July 2013 Weddings

Dress Regret... (LONG)

So I just got a call from my bridal salon telling my dress has come in, and it got me back to thinking...

When I purchased my dress, I was definitely caught up in the moment. My "dream" dress at the time was a Vera Wang Diana which I got to try on but definitely did not meet my expectations -- so I was deflated and saddened. Then every dress I tried on just didn't look good on me, or wasn't what I wanted, or looked wrong, etc. I got to a point where I was frustrated and getting desperate. Then we went to "the" salon, where I found a dress that was strikingly similar to the Diana dress I had been dreaming about but was half the price and looked just as "fluffy" as I was hoping.

Problem?
Well, for starters, my mom passed away awhile ago, so during the dress-searching process I relied heavily on my father. One of the dresses I tried on was inspired by a Dior gown -- but it was SO untraditional! It was grey/blue, no train, very intricate piping, and it looked like a red carpet gown... but it wasn't remotely close to making me feel like a bride. Well, my dad LOVED that dress. He continues to talk about how amazing I looked in it, and blah blah blah.
Part TWO of this is that I've always wanted a fashion-forward gown. I have never wanted a cookie-cutter "typical" or "expected" gown. Yet, at the same time, I wanted to feel like a bride when I was in the dress. I interpreted this as an unconventional design while still being generally white in color and some sort of silhouette similar to a ball gown.

So, long story short...
I don't feel like my dress is up to every standard I had hoped for. I broke down and showed FI the dress (not with me in it) and he likes it and says it isn't worth trying to find another one... but I still can't help but feel anxious about it.
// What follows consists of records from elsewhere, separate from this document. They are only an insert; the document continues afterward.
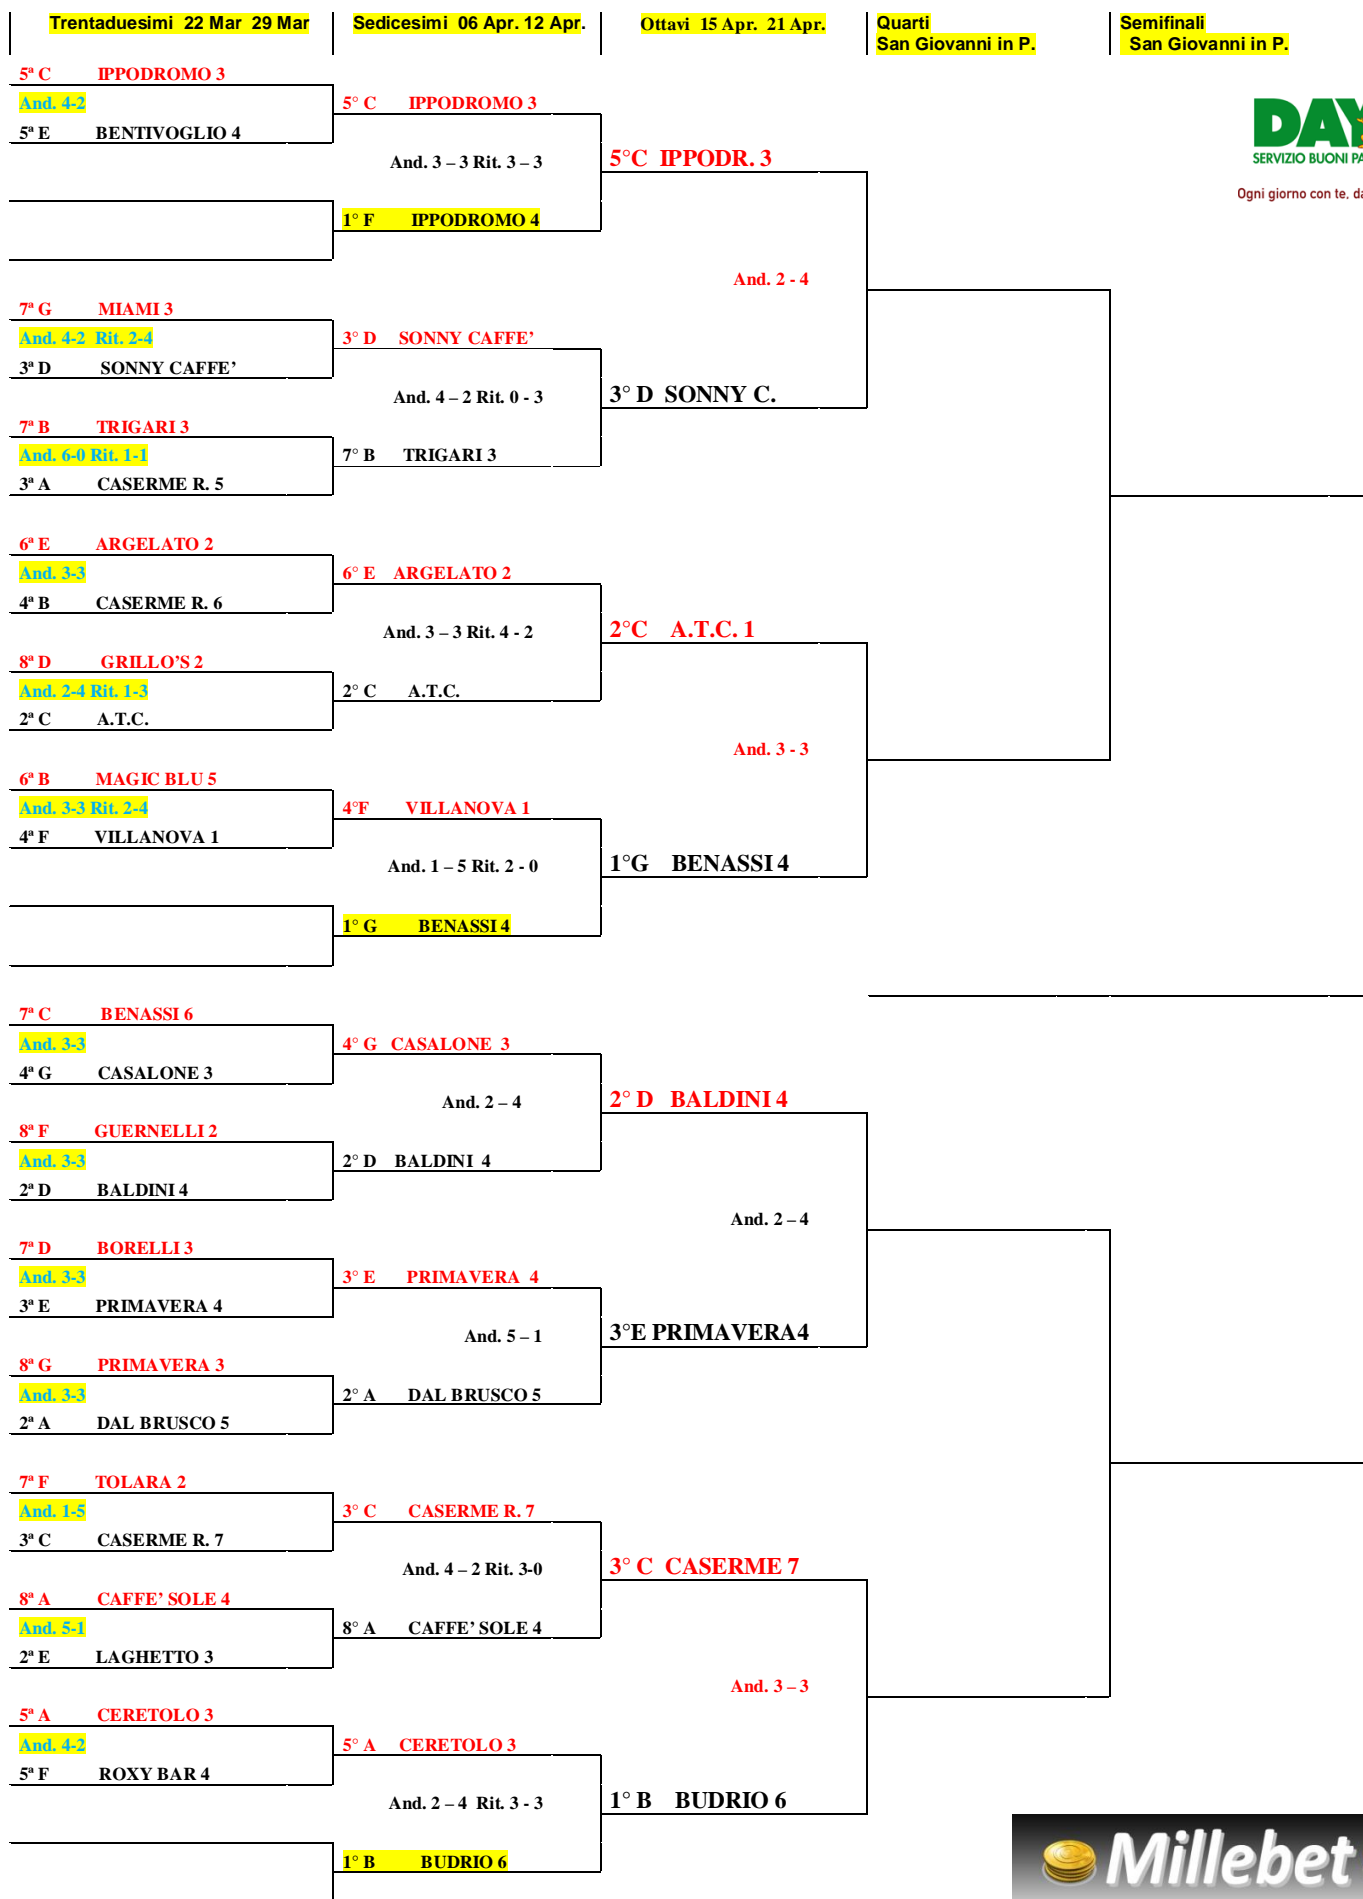

Campionato Promozione 2009/2010

Ogni giorno con te, dal 1987.

Ogni giorno con te, dal 1987.
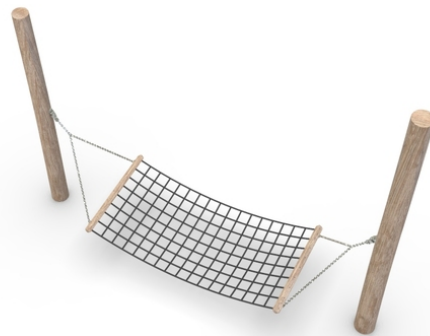

## Woody Doo

### Hamnet

#### Description of play elements

2x acacia stand, 1x rope hammock

<b>No. number</b>	WD-0431-00
<b>Age group</b>	3 - 14
<b>Size (m)</b>	3,7 x 1,1 x 3,0
<b>Required area (m)</b>	3,9 x 5,3
<b>Fall-absorbing surface (m<sup>2</sup>)</b>	16
<b>Max. fall height (m)</b>	1,0
<b>Number of users</b>	1
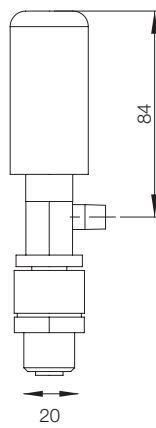

1 Vortex Kühler mit Montagezubehör.

**IP 66 | TYPE 4X**

IP 54 | TYPE 12, Aluminium

H	Kühlleistung (W)	Luftstrom (l/min)	Lärmpegel (dB)	Schalldämpfer	Luftdruck-regulierungsventil	Durchmesser Ausschnitt für Installation	Lufteinlass	Artikelnr.
131	162	227	78	Nein	Nein	22	1/8"	BP4008
203	293	425	87	Nein	Nein	29	1/4"	BP4015
203	586	850	88	Nein	Nein	29	1/4"	BP4030
203	820	1133	93	Nein	Nein	29	1/4"	BP4040

IP 66 | TYPE 4, Aluminium

H	Kühlleistung (W)	Luftstrom (l/min)	Lärmpegel (dB)	Schalldämpfer	Luftdruck-regulierungsventil	Durchmesser Ausschnitt für Installation	Lufteinlass	Artikelnr.
126	162	227	78	Nein	Ja	33	1/8"	BP4608
185	293	425	73	Ja	Ja	48	1/4"	BP4615
185	586	850	74	Ja	Ja	48	1/4"	BP4630
185	820	1133	78	Ja	Ja	48	1/4"	BP4640

IP 66 | TYPE 4X, Edelstahl

H	Kühlleistung (W)	Luftstrom (l/min)	Lärmpegel (dB)	Schalldämpfer	Luftdruck-regulierungsventil	Durchmesser Ausschnitt für Installation	Lufteinlass	Artikelnr.
126	162	227	78	Nein	Ja	33	1/8"	BP4608SS
185	293	425	73	Ja	Ja	48	1/4"	BP4615SS
185	586	850	74	Ja	Ja	48	1/4"	BP4630SS
185	820	1133	78	Ja	Ja	48	1/4"	BP4640SS

# Übersicht Abmessungen | BP

BP 4008

Frontansicht

Seitenansicht

Ansicht von Oben

BP4015 / BP4030 / BP4040

Frontansicht

Seitenansicht
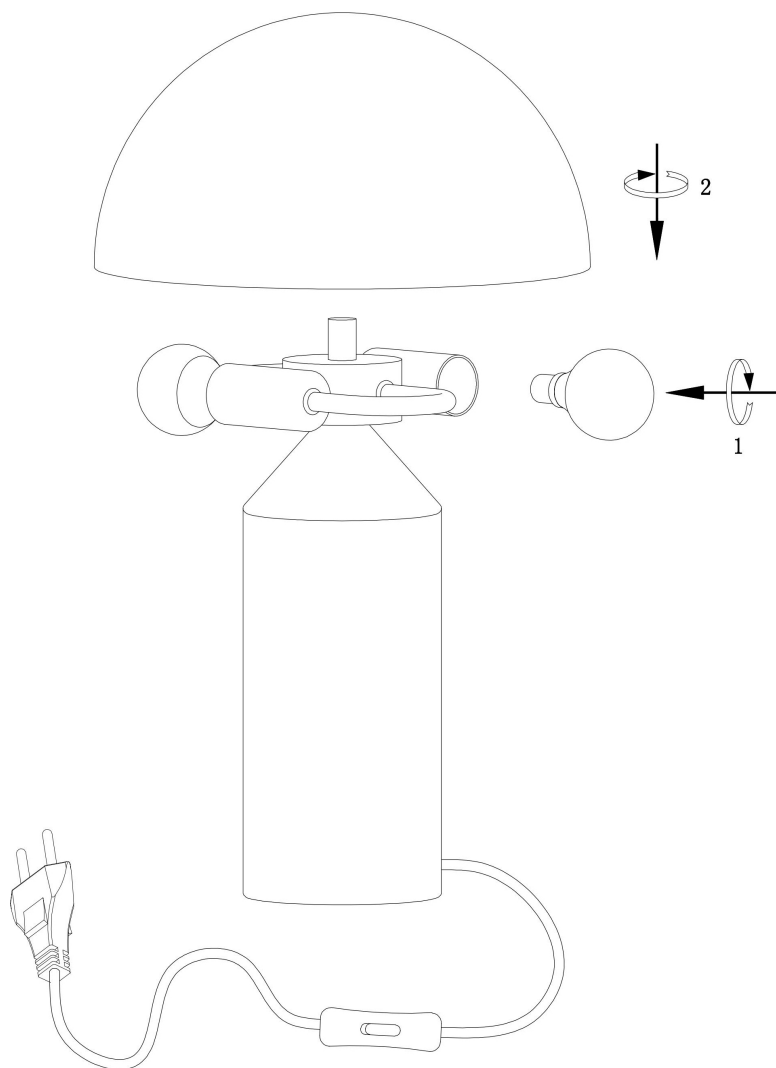

freya

Инструкция FR5218TL-01BS

2x E14 60W

Модель: FR5218TL-01BS

Коллекция: Modern

Серия: Eleon

Настольная лампа
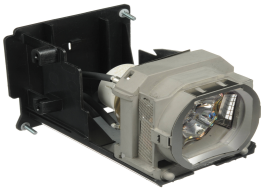

Soluciones Integrales En Tecnología Global Office S.A. DE C.V.

Av. Paseo de la Arboleda 1167, Bosques
de la Victoria, 44540 Guadalajara, Jal.

Tel: (33) 3260 9299 - 3260 9300

3260 9273 - 3260 9274

jbonilla@globaloffice.com.mx

Wednesday, 03 de June de 2026 , 17:09 PM.

Descripción del Producto

**LAMPARA PROYECTOR COMPATIBLE PARA MITSUBISHI HL2750U HL650U
Mitsubishi XL650U - VLT-XL650LP**

Soluciones Integrales En Tecnología Global Office S.A. DE C.V.

No imprima este correo a menos que sea necesario, léalo desde su computadora. Si todas las comunidades actúan de forma combinada, la ciudad estará limpia.
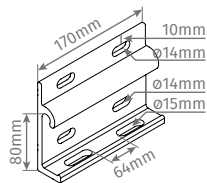

MCT600

Support for fixing to the ceiling*1

Deckenwinkel zur Montage an Decke*1

*1 **4200mm-5500mm:** 2 units per awning / 2 Stück pro Markise

*1 **5501mm-6500mm:** 2 units per awning + 1 uni. **MCT600S** / 2 Stück pro Markise

+ 1 Stk. **MCT600S**

*1 **6501mm-7000mm:** 3 units per awning / 3 Stück pro Markise

• **MCT600S**

		WIDTH (mm) BREITE (mm)						
		4200	4700	5000	5500	6000	6500	7000
PROJECTION (mm) AUSFALL (mm)	3500	4 765 €	4 794 €	5 029 €	5 142 €	5 415 €	5 832 €	6 548 € *
	4000		4 899 €	5 146 €	5 259 €	5 533 €	5 957 €	6 703 € *

WIND CLASS WINDKLASSE

1. 3
   2
   1
   0

OTHER STRUCTURE RAL COLOURS, ADD:
ANDERE STRUKTUR RAL FARBEN, GEGEN AUFPREIS:

958,00 € 1 064,00 €
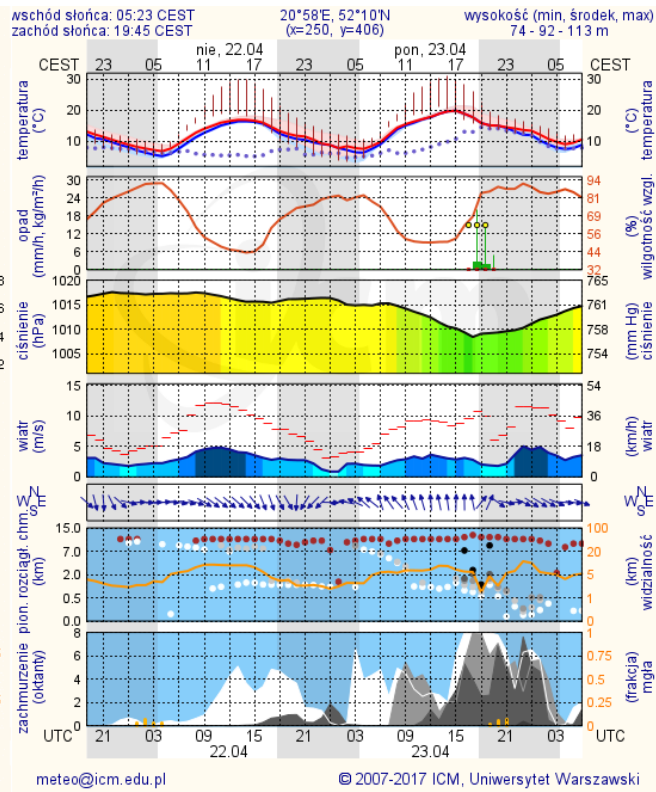

Wybierz datę: 2018-04-21, So  Zestawienie dobowe (średnie)- Stacje automatyczne

Stacja	Pomiar	PM10 [$\mu\text{g}/\text{m}^3$]	PM2.5 [$\mu\text{g}/\text{m}^3$]	O ₃ [$\mu\text{g}/\text{m}^3$]		NO ₂ [$\mu\text{g}/\text{m}^3$]	SO ₂ [$\mu\text{g}/\text{m}^3$]	CO [$\mu\text{g}/\text{m}^3$]		C ₆ H ₆ [$\mu\text{g}/\text{m}^3$]
		Pył zawieszony PM10 S24h	Pył zawieszony PM 2.5 S24h	S24h	S8max	Dwutlenek azotu S24h	Dwutlenek siarki S24h	Tlenek węgla S24h	S8max	Benzen S24h
Belsk-IGFPAN				101.8	135.5	7	3.8	207	241	
Granica-KPN				89.3	123.4	9.3	3.9			
Guty Duże				83	102.9	3.9	1.6			
Konstancin-Jeziorna		30.2	12.9	88.5	124.9	15	5.8	367	429	
Legionowo-Zegrzyńska			12.7	67.3	98.9	14.9	6			
Otwock-Brzozowa			19	67	114.4	18.4	6	727	1046	
Piastów-Pułaskiego			10.3	61.8	85.9	26.2	1.6			
Płock-Gimnazjum				72.7	90.2	13.1	5.4	69	158	0.6
Płock-Reja		31.9	12.2	79.4	100	11.6	14.3	327	413	1.3
Radom-Tochtermana		33.4	15.4	78.2	106	19.3	2.9	578	697	0.3
Siedlce-Konarskiego		32.2	11.9							
Warszawa-Komunikacyjna		85.9	23.5			58.8		385	857	1
Warszawa-Marszałkowska										
Warszawa-Podleśna				80.7	105					
Warszawa-Targówek		34.5	12.7	68.6	93.9	26.3	2.7			
Warszawa-Ursynów		38.5	13.9	81.8	109.4	14.8	3.3			
Żyrardów-Roosevelta		38.7	15							

INFORMACJE HYDROLOGICZNO – METEOROLOGICZNE

Stan wody w rzekach

Rozkład dobowej sumy opadów

Prognoza pogody dla Polski na dziś

Prognoza pogody dla Polski na jutro

Zagrożenie pożarowe lasów

Ostrzeżenia METEO/HYDRO

BRAK

METEOROGRAMY

dla głównych miast województwa mazowieckiego:

Warszawa

Radom

Płock

Ciechanów

Ostrołęka
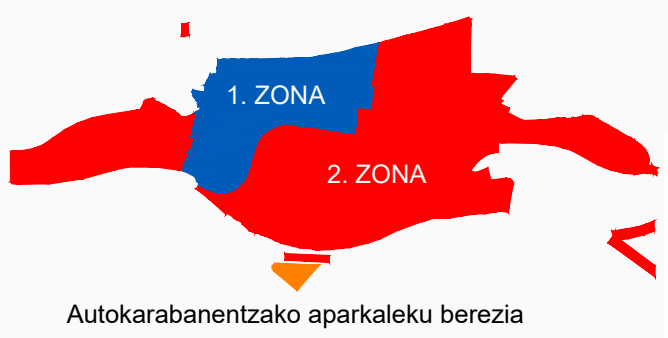

- TAO - ERREGULAZIO EREMU NORMALA (EREMU URDINA)
OTA - ZONA REGULACIÓN NORMAL (ZONA AZUL)
- EGOILIARRAK / RESIDENTES
- ERROTAZIO HANDIA / ALTA ROTACIÓN

I. ERANSKINA: TAO SASOIA ETA ZONAKATZEA
 ANEXO I: ESTACIONALIDAD Y ZONIFICACIÓN OTA
 NEGUA / INVIERNO

- ALDI BATERAKO EDO BEHIN-BEHINEKO APARKALEKU EREMUAK
ZONAS DE APARCAMIENTO TEMPORAL O EVENTUALES
- TAO - ERREGULAZIO EREMU NORMALA (EREMU URDINA)
OTA - ZONA REGULACIÓN NORMAL (ZONA AZUL)
- EGOILIARRAK / RESIDENTES
- ERROTAZIO HANDIA / ALTA ROTACIÓN
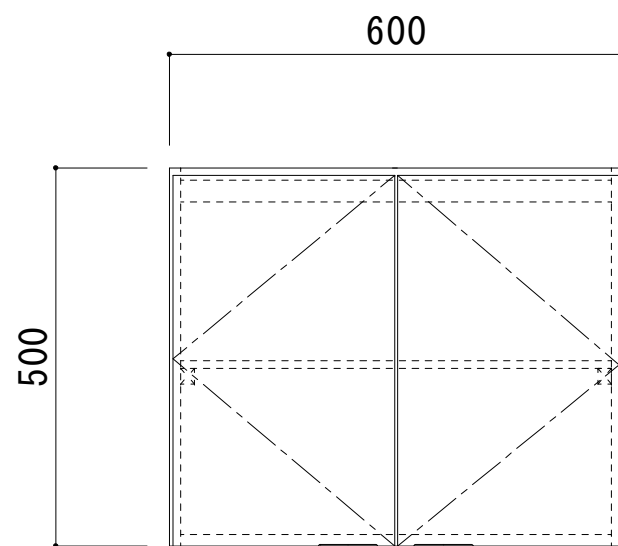

吊戸棚 日の出Ⅱ HSⅡ-W600

天板	無塗装合板
扉	化粧パネチ15mm小口テーブ貼
側板	化粧パネチ15mm 小口テーブ貼
裏板	無塗装合板
底板	化粧パネチ15mm 小口テーブ貼
取手	吊戸用手掛け(濃茶色)
棚板	ワゴン合板
その他	スライド蝶番

備考	図番	縮尺	日付	作成	09/11/18	工事名
	HSⅡ-W600	1/10		変更	①11/05/16	
	(HS2号)			変更	②17/02/21

I don't know if it's really "me" -- and ESPECIALLY since my dad won't stop freaking talking about that other dress... it just has me feeling so insecure about my decision. But at the same time, it is a really pretty dress and there's nothing wrong with it... I know it'll be beautiful and nobody will have any idea about my dilemma... but ugh.

I guess I'm part venting and part hoping for advice...
Any dream dress that I would be willing to go through the effort of selling my current dress for would be at LEAST twice the price. I just can't decide if it's worth it.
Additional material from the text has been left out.